Return exactly the lines of the records below, starting at the line that contains "Raindance Select E**Hånddušj 120 3jet**" and ending at the line that contains "93089000 | 0 | 1 |", with both of those lines kept.

** Opening Task input block **

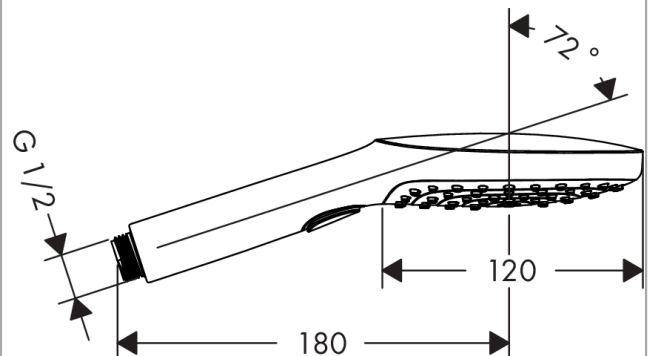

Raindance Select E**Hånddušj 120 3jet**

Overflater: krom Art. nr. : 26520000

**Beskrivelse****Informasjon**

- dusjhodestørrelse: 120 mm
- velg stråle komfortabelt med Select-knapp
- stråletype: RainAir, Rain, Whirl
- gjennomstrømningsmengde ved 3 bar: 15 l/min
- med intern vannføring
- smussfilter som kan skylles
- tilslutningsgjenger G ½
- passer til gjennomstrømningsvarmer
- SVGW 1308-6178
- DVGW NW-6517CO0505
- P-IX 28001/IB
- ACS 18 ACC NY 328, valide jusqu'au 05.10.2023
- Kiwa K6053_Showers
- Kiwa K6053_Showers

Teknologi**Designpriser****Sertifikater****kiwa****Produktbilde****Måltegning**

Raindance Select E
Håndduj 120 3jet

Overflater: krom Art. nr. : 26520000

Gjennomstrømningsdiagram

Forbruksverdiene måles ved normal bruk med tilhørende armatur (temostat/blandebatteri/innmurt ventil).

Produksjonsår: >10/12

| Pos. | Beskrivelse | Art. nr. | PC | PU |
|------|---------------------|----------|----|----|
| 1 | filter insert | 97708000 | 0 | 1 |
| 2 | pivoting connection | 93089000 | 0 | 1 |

** Closing Task input block **
** Opening Task input block **

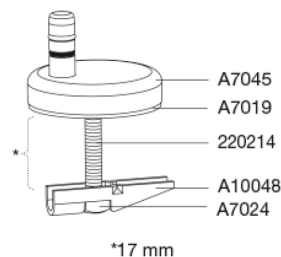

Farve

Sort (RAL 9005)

** Closing Task input block **

*Exercise output*:
Raindance Select E**Hånddušj 120 3jet**

Overflater: krom Art. nr. : 26520000

**Beskrivelse****Informasjon**

- dusjhodestørrelse: 120 mm
- velg stråle komfortabelt med Select-knapp
- stråletype: RainAir, Rain, Whirl
- gjennomstrømningsmengde ved 3 bar: 15 l/min
- med intern vannføring
- smussfilter som kan skylles
- tilslutningsgjenger G ½
- passer til gjennomstrømningsvarmer
- SVGW 1308-6178
- DVGW NW-6517CO0505
- P-IX 28001/IB
- ACS 18 ACC NY 328, valide jusqu'au 05.10.2023
- Kiwa K6053_Showers
- Kiwa K6053_Showers

Teknologi**Designpriser****Sertifikater****kiwa****Produktbilde****Måltegning**

Raindance Select E
Håndduj 120 3jet

Overflater: krom Art. nr. : 26520000

Gjennomstrømningsdiagram

Forbruksverdiene måles ved normal bruk med tilhørende armatur (temostat/blandebatteri/innmurt ventil).

Produksjonsår: >10/12

| Pos. | Beskrivelse | Art. nr. | PC | PU |
|------|---------------------|----------|----|----|
| 1 | filter insert | 97708000 | 0 | 1 |
| 2 | pivoting connection | 93089000 | 0 | 1 |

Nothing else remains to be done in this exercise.